Task statement: In the entries below, find the line with "- 1 Dot = 100 Druze" and the line with "Code 191478", then retype both and everything between them exactly. Do not copy the pictures.

*** Opening of Information given ***

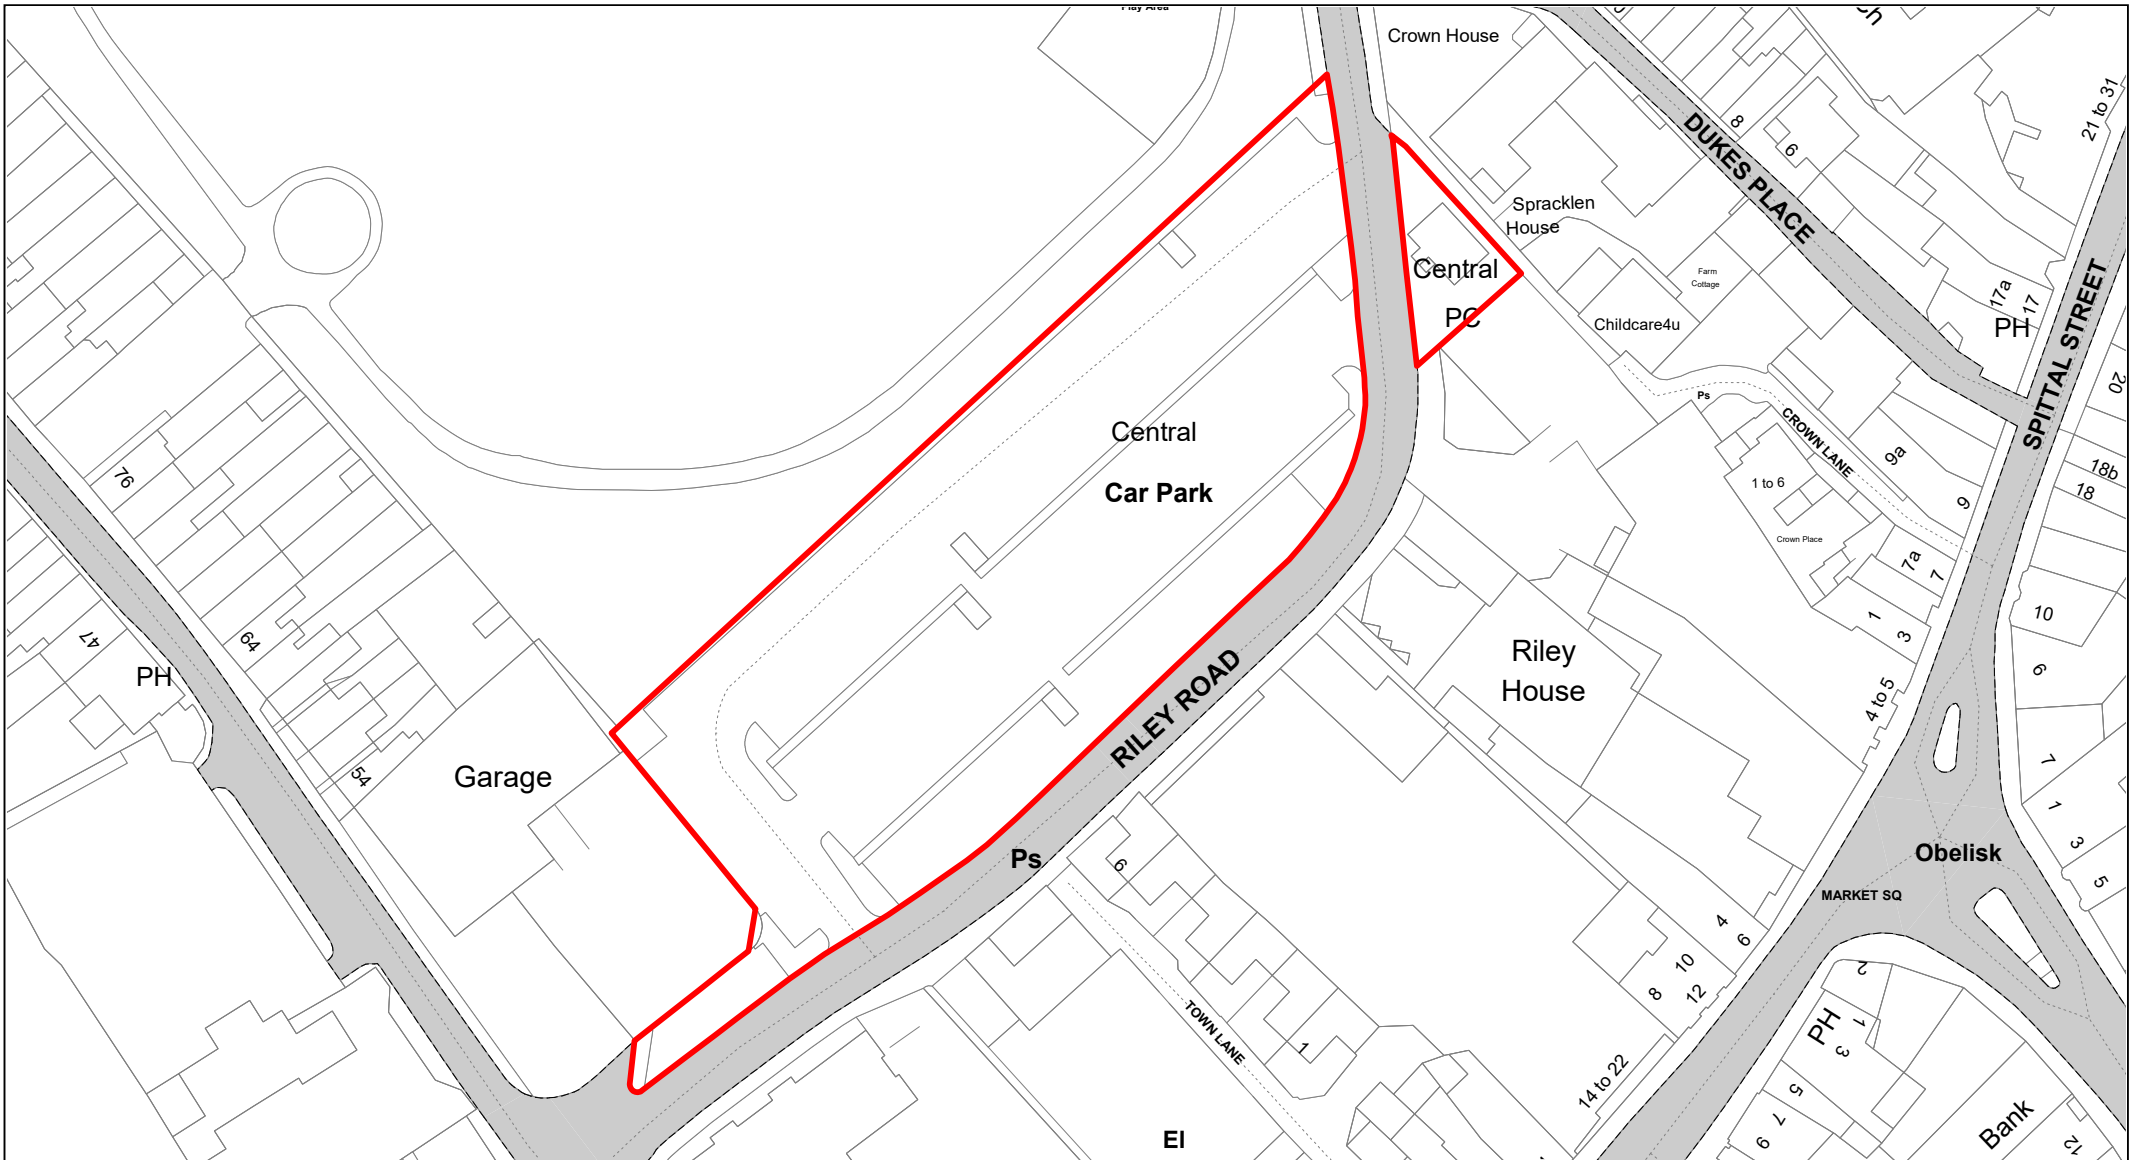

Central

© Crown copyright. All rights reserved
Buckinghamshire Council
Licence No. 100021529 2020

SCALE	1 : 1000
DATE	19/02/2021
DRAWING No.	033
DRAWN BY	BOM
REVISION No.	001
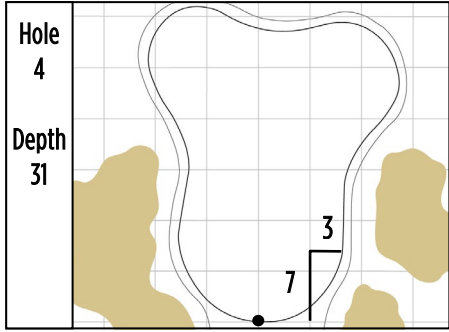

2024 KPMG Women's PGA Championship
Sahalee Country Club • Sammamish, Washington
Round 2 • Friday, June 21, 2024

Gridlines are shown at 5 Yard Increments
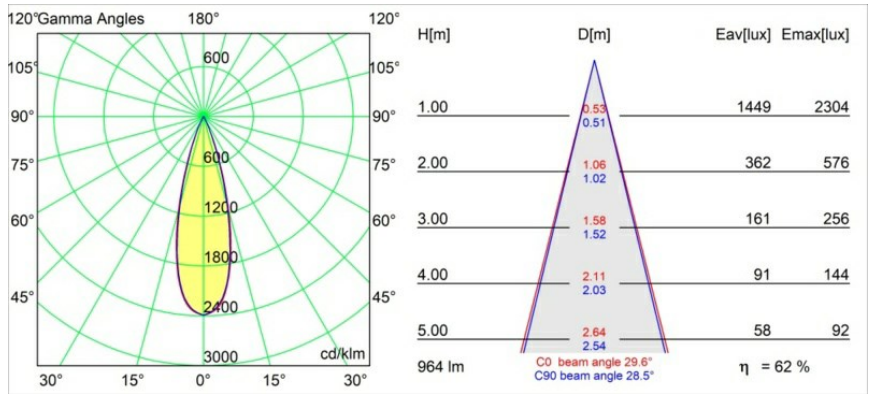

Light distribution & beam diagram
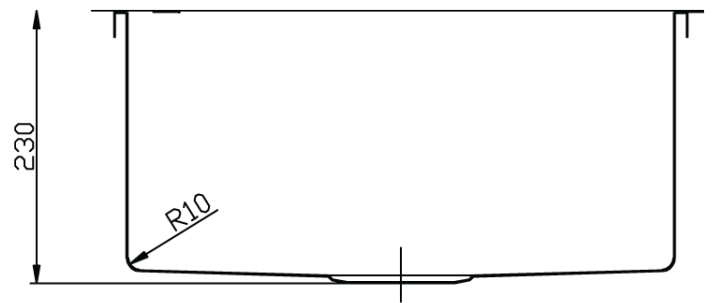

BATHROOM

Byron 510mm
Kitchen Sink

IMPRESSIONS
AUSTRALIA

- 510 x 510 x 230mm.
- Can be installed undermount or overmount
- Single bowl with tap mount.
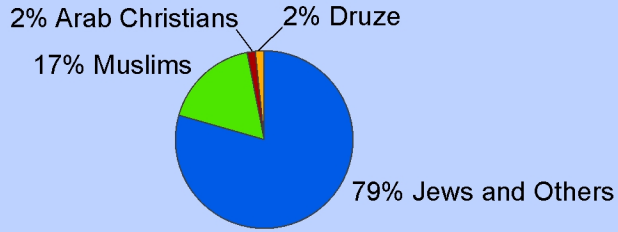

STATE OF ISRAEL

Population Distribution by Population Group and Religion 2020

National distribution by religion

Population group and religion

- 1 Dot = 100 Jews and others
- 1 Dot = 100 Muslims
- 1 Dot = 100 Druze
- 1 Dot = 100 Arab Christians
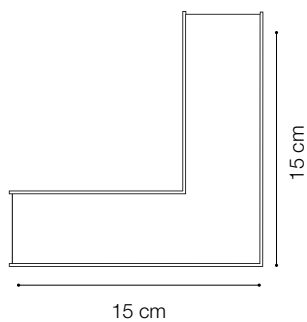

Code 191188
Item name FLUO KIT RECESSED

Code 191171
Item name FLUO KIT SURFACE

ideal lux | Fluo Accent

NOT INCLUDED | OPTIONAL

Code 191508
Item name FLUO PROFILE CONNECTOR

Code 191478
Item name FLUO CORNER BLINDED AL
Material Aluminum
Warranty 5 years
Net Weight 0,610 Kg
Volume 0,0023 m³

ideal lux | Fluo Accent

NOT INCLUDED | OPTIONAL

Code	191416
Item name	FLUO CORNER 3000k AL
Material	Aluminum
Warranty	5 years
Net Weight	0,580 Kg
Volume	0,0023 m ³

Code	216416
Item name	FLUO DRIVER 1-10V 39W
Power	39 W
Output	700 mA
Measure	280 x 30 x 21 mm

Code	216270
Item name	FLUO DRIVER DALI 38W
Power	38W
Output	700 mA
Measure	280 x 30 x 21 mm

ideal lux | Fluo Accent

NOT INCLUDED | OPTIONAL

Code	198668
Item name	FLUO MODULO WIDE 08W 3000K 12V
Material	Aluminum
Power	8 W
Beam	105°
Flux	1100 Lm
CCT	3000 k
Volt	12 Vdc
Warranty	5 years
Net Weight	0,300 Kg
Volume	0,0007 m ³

*** Close of Information given ***

Exercise answer:
- 1 Dot = 100 Druze
- 1 Dot = 100 Arab Christians

Code 191188
Item name FLUO KIT RECESSED

Code 191171
Item name FLUO KIT SURFACE

ideal lux | Fluo Accent

NOT INCLUDED | OPTIONAL

Code 191508
Item name FLUO PROFILE CONNECTOR

Code 191478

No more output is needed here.